Рэйчел пока не произнесла ни слова. Точно впала в ступор, пока они ехали через город.
– И Эдмунд. – Льюис повернулся и окликнул сына. – Эд!
Пока они разговаривали, Эд свернул на лужайку и теперь носился по ней, разведя руки, как самолет, и изображая рев мотора. Мальчик не понимает, что делает, подумал Люберт и, показывая, что он вовсе не против, рассмеялся. Рэйчел же заметно смутилась.
– Эд! Прекрати! Подойди и поздоровайся.
Она разговаривает, удивился Люберт.
Эдмунд подбежал к ним.
Хайке захихикала.
– Привет. – Мальчик остановился перед Любертом.
– Добро пожаловать в твой новый дом. Надеюсь, тебе здесь понравится.

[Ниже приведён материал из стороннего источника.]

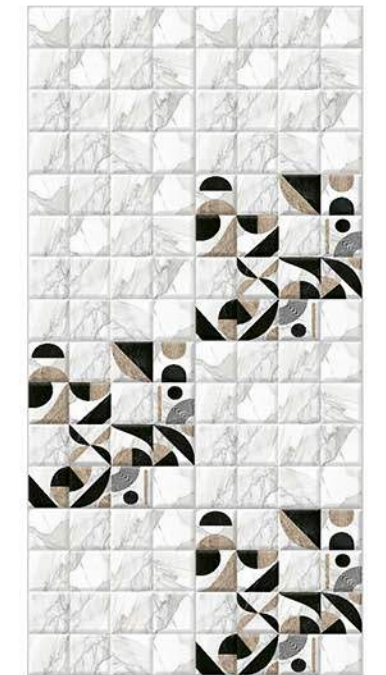

-  Floor Tiles
-  Wall Tiles
-  Matt Finish
-  Random Design
-  100% Water Proof

*"From Floors to Walls, Adorn with Art:  
Decorative Tiles Galore."*

311-LT

311-HL-2

312-LT

312-HL-1

**Matt**  
30X30 cm

313-LT
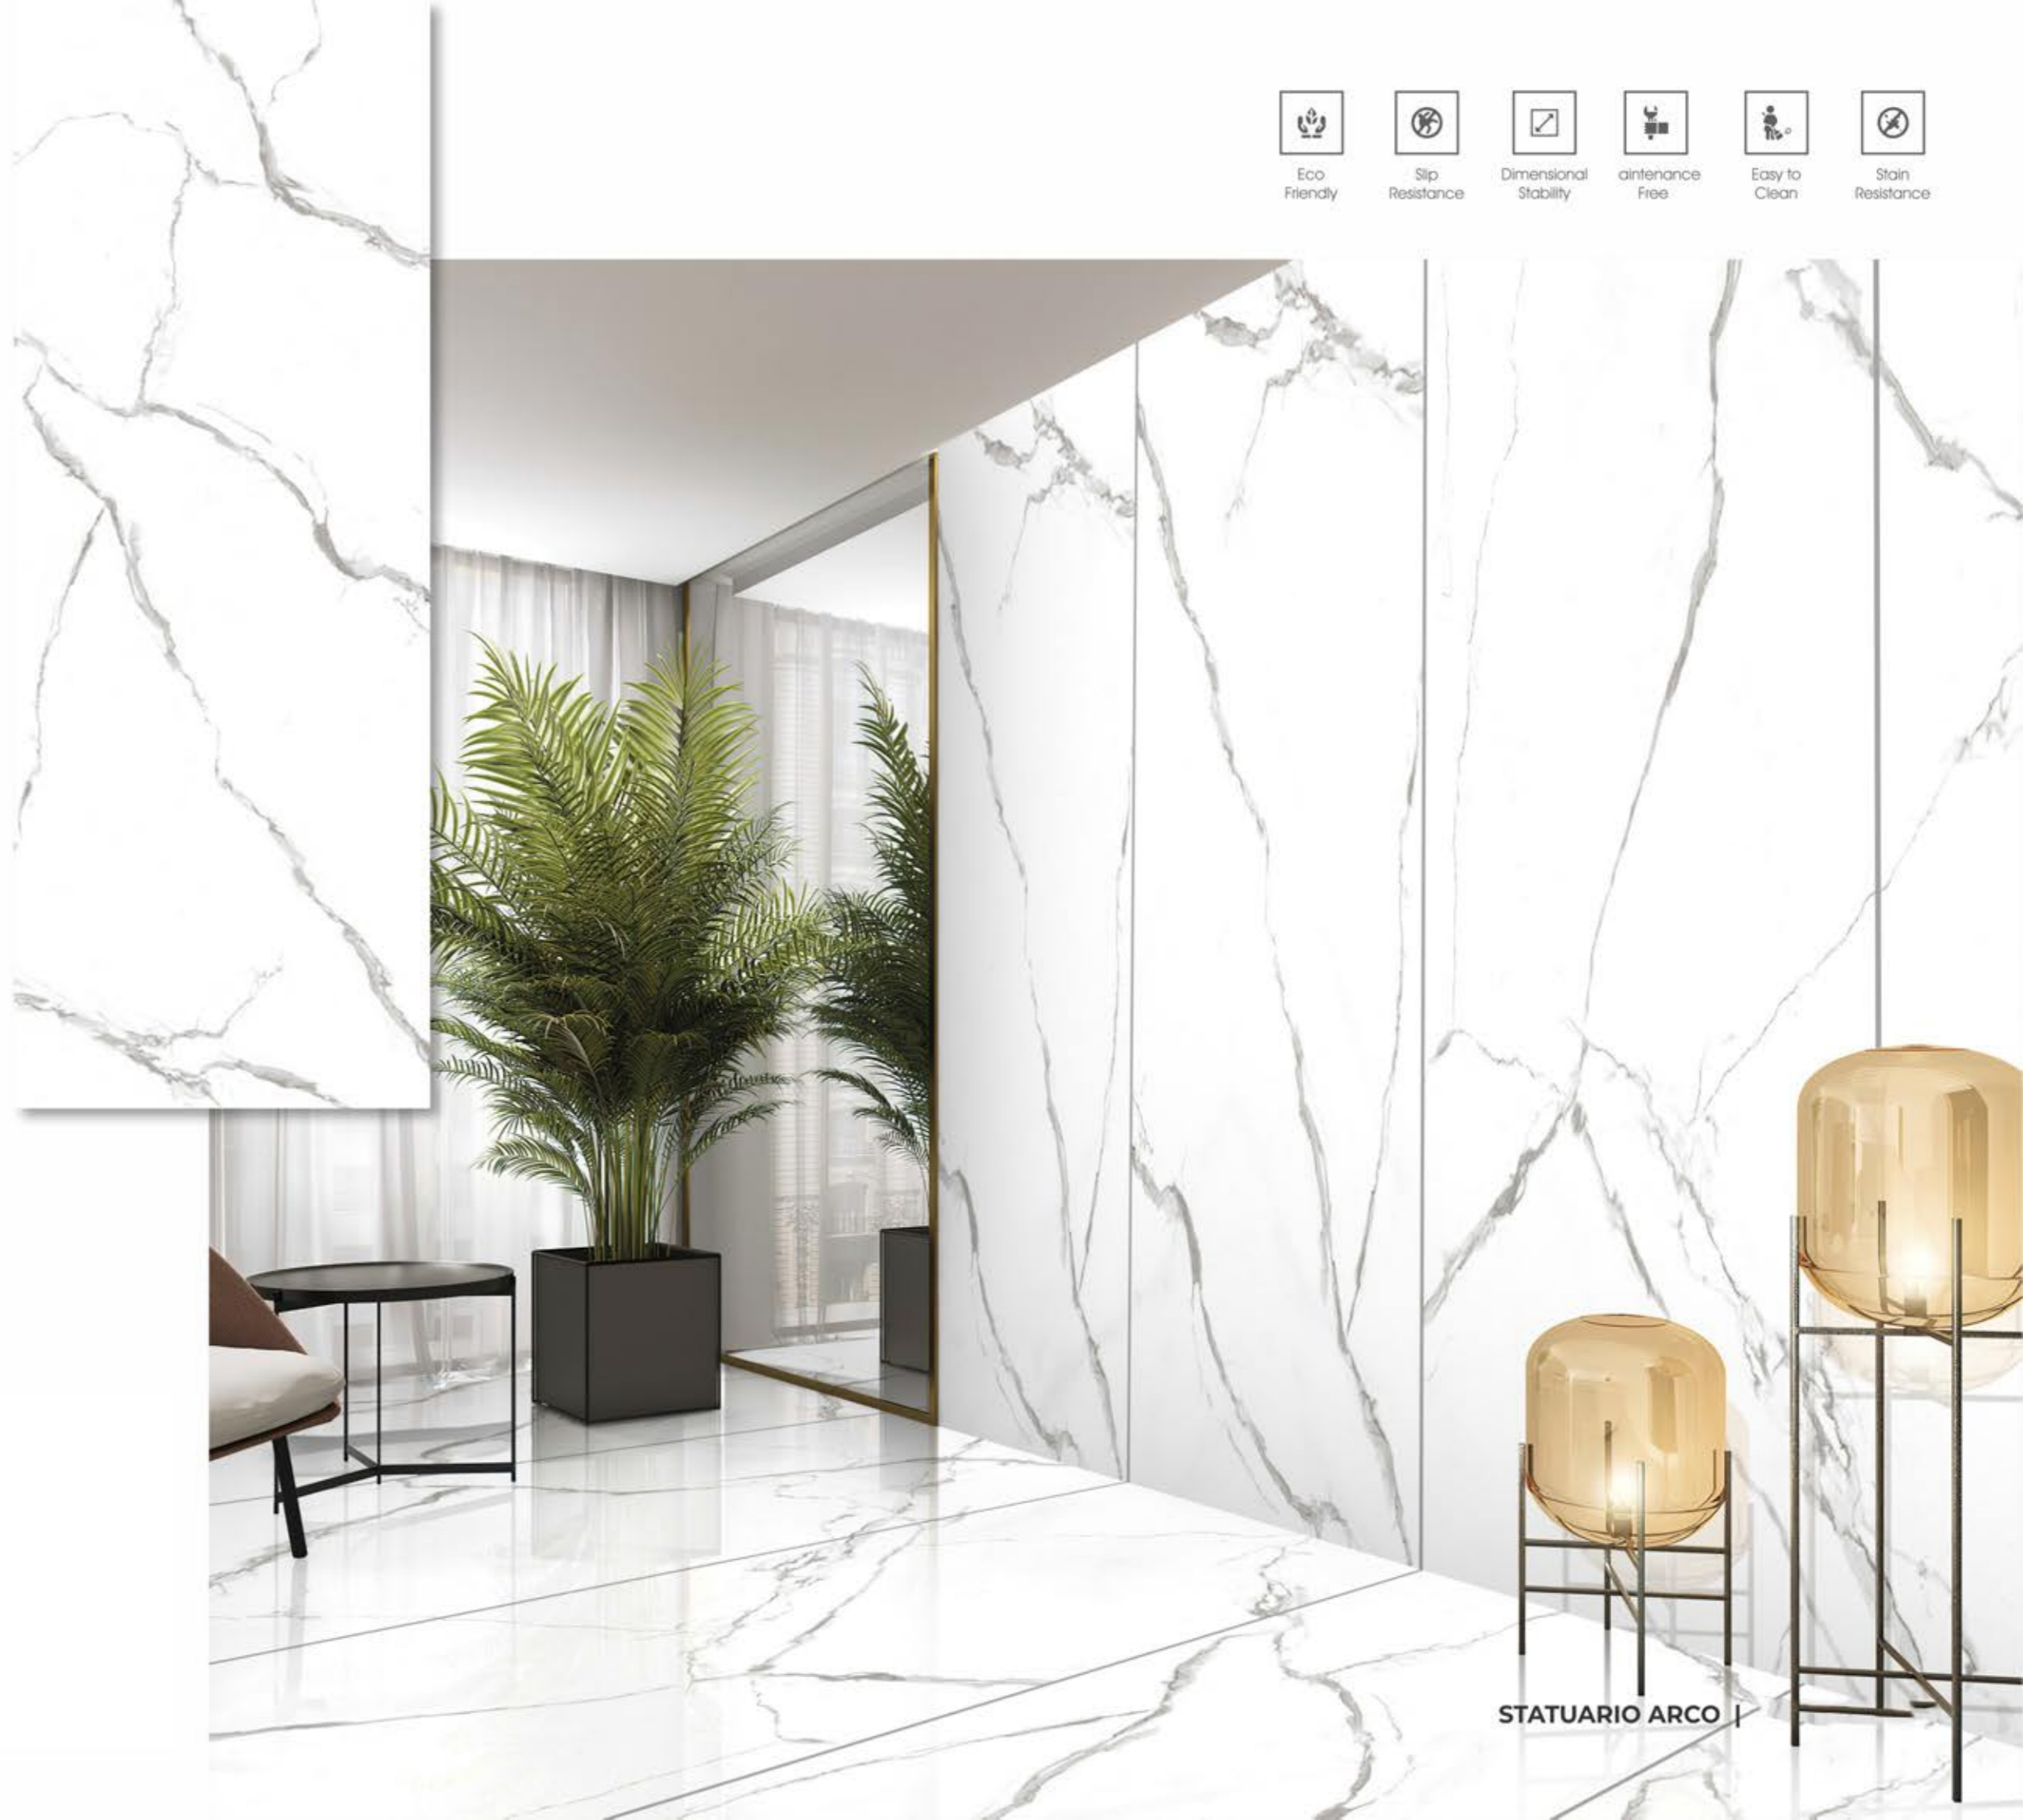

Slip
Resistance

Dimensional
Stability

Maintenance
Free

Easy to
Clean

Stain
Resistance

STATUARIO ARCO

FINISHES.
GLOSSY | MATT | CARVING

STATUARIO ARCO |

А ведь Льюис не преувеличивал, подумала Рэйчел, дом действительно чудесный. Он понял это, возможно даже толком не сознавая, в чем особенность дома, просто потому, что чувствовал себя неуютно в этом великолепии. Льюис был свободен и от социальных амбиций, и от материального интереса, которые были движущей силой для большинства его коллег, и бескорыстие мужа прежде очень нравилось Рэйчел, но сейчас эта черта раздражала ее безмерно. Во время устроенной герром Любертом экскурсии Рэйчел оказалась в сложном положении: с одной стороны, нужно показать немцу, что она понимает и ценит культуру, а с другой – каким-то образом обозначить свое недовольство нынешним положением дел. Переходя из комнаты в комнату, давая пояснения, герр Люберт лишь усиливал ее ощущение собственной чужеродности в этом доме. Что бы он ни говорил, она слышала только одно: “Вас здесь принимают, но дом принадлежит мне”. Когда они вышли на террасу с видом на реку, Рэйчел поняла, что с нее хватит. Люберт предложил осмотреть верхний этаж, но она ответила, что на сегодня достаточно, и сослалась на усталость после путешествия. На самом деле усталость давно отступила, вытесненная потрясением от увиденных картин разрухи, но у нее не осталось сил и дальше терпеть компанию этого вежливого и – может, ей так только показалось? – дерзкого немца, в совершенстве, с безошибочным произношением изъяснявшегося на английском. Рэйчел надеялась, что языковой барьер упростит общение и разделительные линии возникнут сами собой, но этот Люберт разрушил ее надежды, так что ей самой придется установить границы, четко и ясно.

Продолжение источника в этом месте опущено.